Koyama Shinsuke, Chase Steven M, Whitford Andrew S, Velliste Meel, Schwartz Andrew B, Kass Robert E
Department of Statistics, Center for the Neural Basis of Cognition, Carnegie Mellon University, Pittsburgh, PA, USA.
Department of Neurobiology, Center for the Neural Basis of Cognition, University of Pittsburgh, Pittsburgh, PA, USA.
J Comput Neurosci. 2010 Aug;29(1-2):73-87. doi: 10.1007/s10827-009-0196-9. Epub 2009 Nov 11.
Neuroprosthetic devices such as a computer cursor can be controlled by the activity of cortical neurons when an appropriate algorithm is used to decode motor intention. Algorithms which have been proposed for this purpose range from the simple population vector algorithm (PVA) and optimal linear estimator (OLE) to various versions of Bayesian decoders. Although Bayesian decoders typically provide the most accurate off-line reconstructions, it is not known which model assumptions in these algorithms are critical for improving decoding performance. Furthermore, it is not necessarily true that improvements (or deficits) in off-line reconstruction will translate into improvements (or deficits) in on-line control, as the subject might compensate for the specifics of the decoder in use at the time.

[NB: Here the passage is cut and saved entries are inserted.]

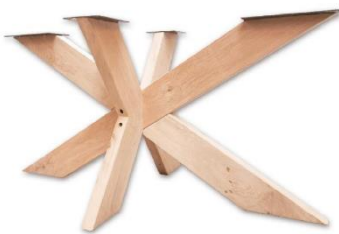

EICHENHOLZ

ARTIKEL	GRÖßE	ROHR	PREIS
1285	1400 x 700 x 720 mm (l x b x h)	150 x 50 mm	
			NEW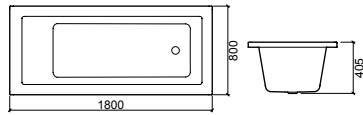

160x75

€ W/B

805700	BATHTUB BAIGNOIRE	○ 1600X750X405	208.31
	☒ [22.5Kg] ☑ a50		
82570100	WHITE KIT HYDRO BATHTUB ☒ BAIGNOIRE HYDRO KIT BLANC	☒ 1600X750X405	963.08
	☒ [55.0Kg] ☑ a50		
82570111	CHROME KIT HYDRO ☒ BATHTUB BAIGNOIRE HYDRO KIT CHROME	☒ 1600X750X405	963.08
	☒ [55.0Kg] ☑ a50		

175x80

€ W/B

806000	BATHTUB BAIGNOIRE	○ 1750X800X405	246.18
	☒ [28.0Kg] ☑ a50		
82600100	WHITE KIT HYDRO BATHTUB ☒ BAIGNOIRE HYDRO KIT BLANC	☒ 1750X800X405	1005.25
	☒ [55.0Kg] ☑ a50		
82600111	CHROME KIT HYDRO ☒ BATHTUB BAIGNOIRE HYDRO KIT CHROME	☒ 1750X800X405	1005.25
	☒ [55.0Kg] ☑ a50		
84600111	TOP SYS. HYDRO BATHTUB ☒ BAIGNOIRE HYDRO SYS. TOP	☒ 1750X800X405	2980.61
	☒ [55.0Kg] ☑ a50		

BATHTUBS/BAIGNOIRES

180x80

€ W/B

806100	BATHTUB BAIGNOIRE	0	1800X800X405	261.78
	[29.5Kg] <input type="checkbox"/> ø50			
82610100	WHITE KIT HYDRO BATHTUB <input checked="" type="checkbox"/> BAIGNOIRE HYDRO KIT BLANC		1800X800X405	1019.31
	<input type="checkbox"/> ø50			
82610111	CHROME KIT HYDRO <input checked="" type="checkbox"/> BATHTUB BAIGNOIRE HYDRO KIT CHROME		1800X800X405	1019.31
	<input type="checkbox"/> ø50			
8461001	TOP SYS. HYDRO BATHTUB <input checked="" type="checkbox"/> BAIGNOIRE HYDRO SYS. TOP		1800X800X405	2994.67
	<input type="checkbox"/> ø50			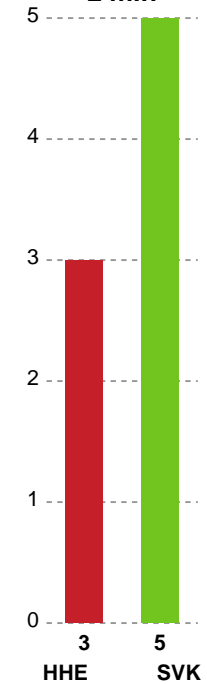

Markspillere

Nr	Navn	Mål/Skud	Straffe-mål/skud	Total Mål/Skud	Assist	Tilkendt straffe	Forårsagede straffe	Rødt kort	Tabt bold	Bold erob.	Fejl aflv.	Regelbrud	2min udvis.	MEP
2	Anne-Sofie FILTENBORG	2/2 100%	0/0 0%	2/2 100%	0	0	0	0	0	0	0	1	0	1.15
3	Marija OBRADOVIC	0/2 0%	0/0 0%	0/2 0%	0	0	0	0	0	0	0	0	0	-0.4
4	Maria Krogh HOLM	2/3 66.67%	2/3 66.67%	4/6 66.67%	0	0	0	0	0	0	0	0	0	1.75
9	Nina DANO	3/6 50%	0/0 0%	3/6 50%	3	1	1	0	2	1	1	1	2	1.01
10	Majbritt Toft HANSEN	3/5 60%	0/0 0%	3/5 60%	1	1	1	0	0	2	0	0	0	2.62
14	Amalie Grøn HANSEN	1/2 50%	0/0 0%	1/2 50%	0	0	0	0	0	0	0	0	0	0.47
17	Stine Bodholt NIELSEN	3/4 75%	0/0 0%	3/4 75%	0	0	1	0	0	0	0	0	0	2.2
19	Laura DAMGAARD	6/10 60%	0/0 0%	6/10 60%	5	1	1	0	2	0	1	1	1	3.51
21	Frederikke GULMARK	3/7 42.86%	0/0 0%	3/7 42.86%	6	0	0	0	0	1	0	1	0	2.8
26	Maria Mose VESTERGAARD	3/4 75%	0/0 0%	3/4 75%	1	0	0	0	0	1	0	1	0	2.25

Fordeling af mål og skud

Horsens Håndbold Elite - Silkeborg-Voel KFUM - 28-31 (17-17)

Intet billede angivet

326596 / 27.10.2021, 19.00 / Forum Horsens 1 / Bambusa Kvindeligaen - Grundspil

Angrebet sluttede med:

Skuddene endte med:

Teknisk fejl

2 min

Assist

Målforskel i løbet af kampen

Shotplot for Første halvleg

Horsens Håndbold Elite - Silkeborg-Voel KFUM - 28-31 (17-17)

326596 / 27.10.2021, 19.00 / Forum Horsens 1 / Bambusa Kvindeligaen - Grundspil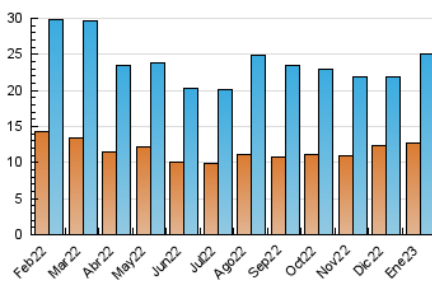

4.3 Per mesos

N. únics / Visites (x 1000)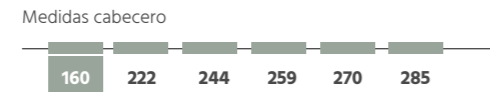

# Mesura

**04** Cabecero · Headboard **Mesura**  
 Módulo · Module **Sand**  
 A-ANTRACITA | Z-HICKORY | D-MOZART

Ancho total **274** cm.  
 Total width **274** cm

Medidas cabecero

# Mesura

**05** Cabecero · Headboard **Mesura**  
 Módulo · Module **Sand**  
**A-ANTRACITA** | **Z-HICKORY** | **D-MOZART**

Ancho total **274** cm.  
 Total width **274** cm

**06** Cabecero · Headboard **Mesura**  
 Módulo · Module **Honey**  
**Z-HICKORY** | **M-BOHEMIAN** | **A-ANTRACITA**

Here we show that by comparing the performance of nine decoders, assumptions about uniformly distributed preferred directions and the way the cursor trajectories are smoothed have the most impact on decoder performance in off-line reconstruction, while assumptions about tuning curve linearity and spike count variance play relatively minor roles. In on-line control, subjects compensate for directional biases caused by non-uniformly distributed preferred directions, leaving cursor smoothing differences as the largest single algorithmic difference driving decoder performance.
当使用适当的算法来解码运动意图时,诸如计算机光标之类的神经假体装置可以由皮质神经元的活动来控制。为此目的提出的算法范围从简单的群体向量算法(PVA)和最优线性估计器(OLE)到各种版本的贝叶斯解码器。尽管贝叶斯解码器通常提供最准确的离线重建,但尚不清楚这些算法中的哪些模型假设对于提高解码性能至关重要。此外,离线重建的改进(或不足)不一定会转化为在线控制的改进(或不足),因为受试者可能会补偿当时所使用解码器的具体情况。在这里,我们表明,通过比较九个解码器的性能,关于均匀分布的偏好方向的假设以及光标轨迹平滑的方式对离线重建中的解码器性能影响最大,而关于调谐曲线线性和尖峰计数方差的假设作用相对较小。在在线控制中,受试者会补偿由非均匀分布的偏好方向引起的方向偏差,从而使光标平滑差异成为驱动解码器性能的最大单一算法差异。